Data items:
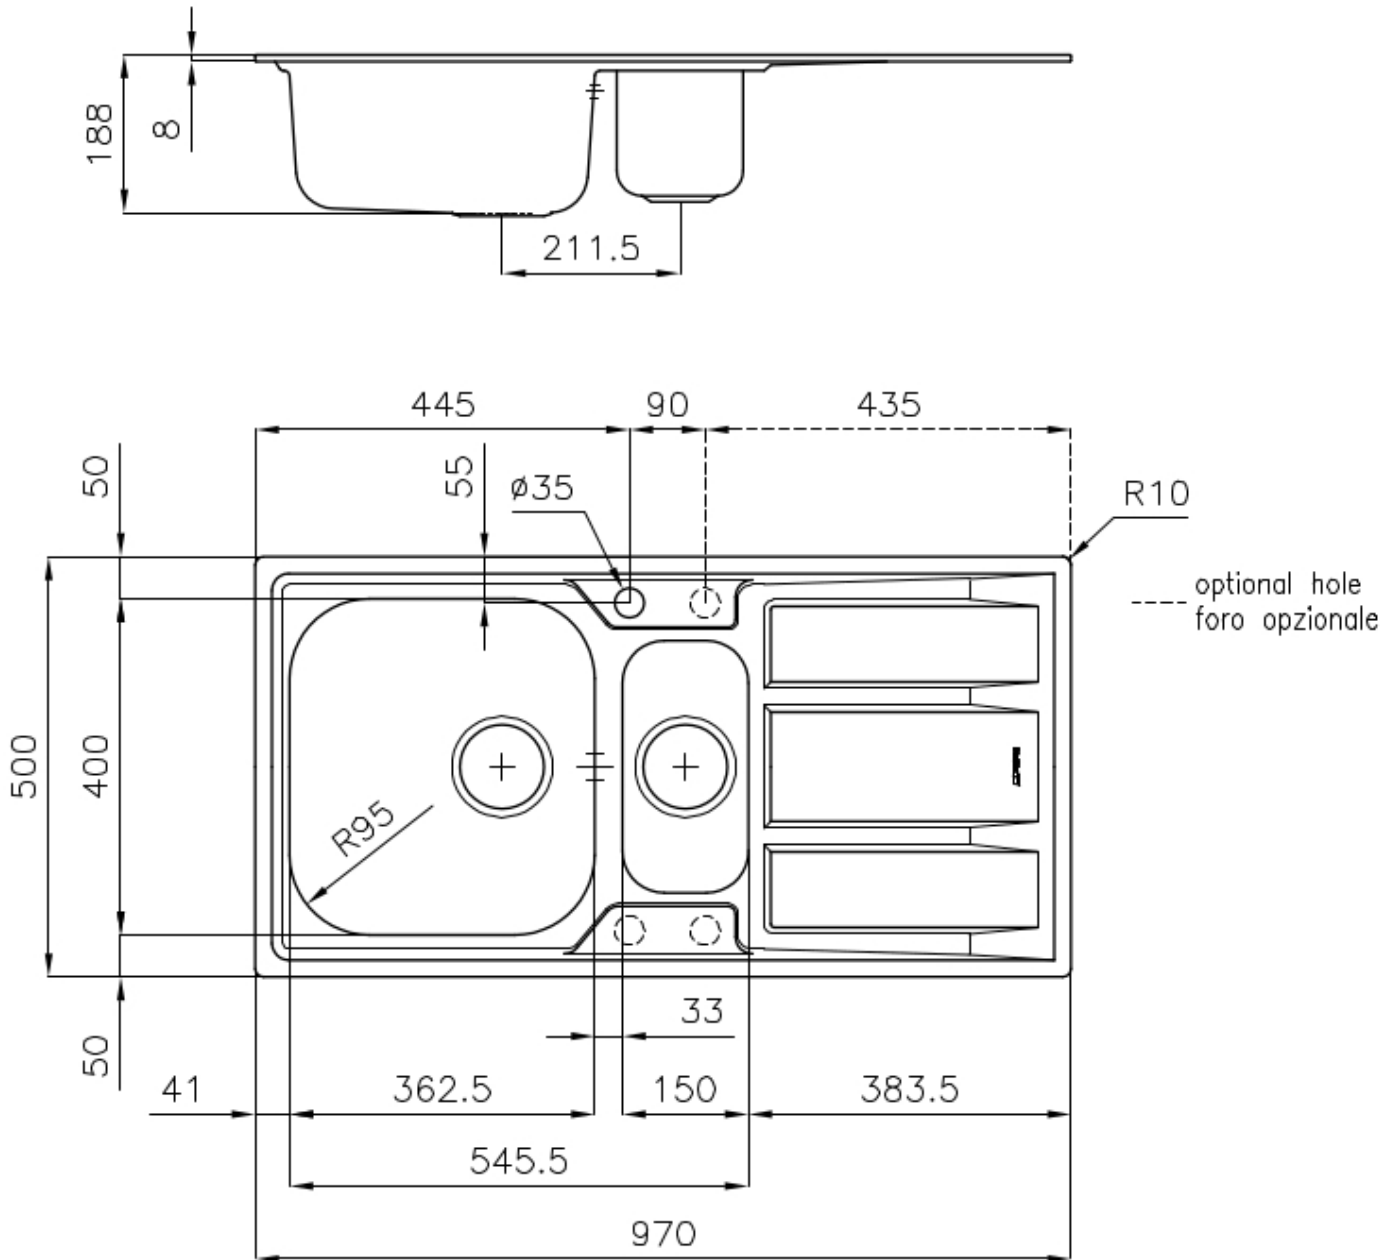

L'évier peut être personnalisé avec l'exécution sur demande lors de la commande de trous supplémentaires, qui peuvent être utilisés pour les mitigeurs à double trou, pour les vidanges avec télécommande ou pour l'installation de distributeurs de savon. Les positions sont marquées sur les dessins par des trous en pointillés.

DÉTAILS

Bord d'installation

Standard (bord de 8 mm)

Finition Brossée Foster

Matériau Acier inoxydable AISI 316

Textures Brossée Foster

Base 60-80 cm

Dimensions 970x500 mm

Équipement standard Crochets de fixation, joint, vidange, trop-plein et siphon, Emballage en boîte

Trous mitigeur 1 trou en standard - 2ème et 3ème sur demande

Trou d'encastrement 950x480 mm

Égouttoir Oui

Largeur 97 cm

Mesure cuve 362,5x400 + 150x300mm

Numéro cuves 2 cuves

Vidange Vidange de 3,5

DESSINS TECHNIQUES

ACCESSOIRES OPTIONNELS

Panier à vaisselle inox
8100 301

Panier en acier inoxydable
8611 000
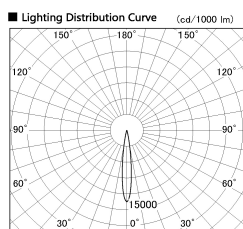

Item no. DD126-0815WW9040-LX

Series Name: Cledy versa L-G Antiglare
(DD126_AG-LX)

White Reflector

Installation	Recessed mount
Type	Cledy versa L-G Antiglare (DD126_AG-LX)
Fixture wattage	7.4W
Beam angle	14deg
Color Temp.	4000K
CRI	Ra>90
Luminous	632 lm
Body	Die-castaluminumalloy
Body finish	N/A
Trim finish	White
Reflector finish	White
IP Rate	IP20
Light source	COB module
Input Voltage	AC220~240V
Dimming Type	Non-Dimmable
Certificate	CE,CCC
Cut Hole	100mm

■ Direct Horizontal Illuminance DD126-0815WW9040-LX

φ	Illuminance Angle	Beam Angle	Vertical Illuminance (lx)
220	13°	14°	34350
1			8590
450			3820
2			2150
600			1370
3			950
910			700
m	1	0	540

• [What you have to do]: The expected answer is every line in the data above that carries the string "White".

• [Solution to the exercise]:
White Reflector
Trim finish	White
Reflector finish	White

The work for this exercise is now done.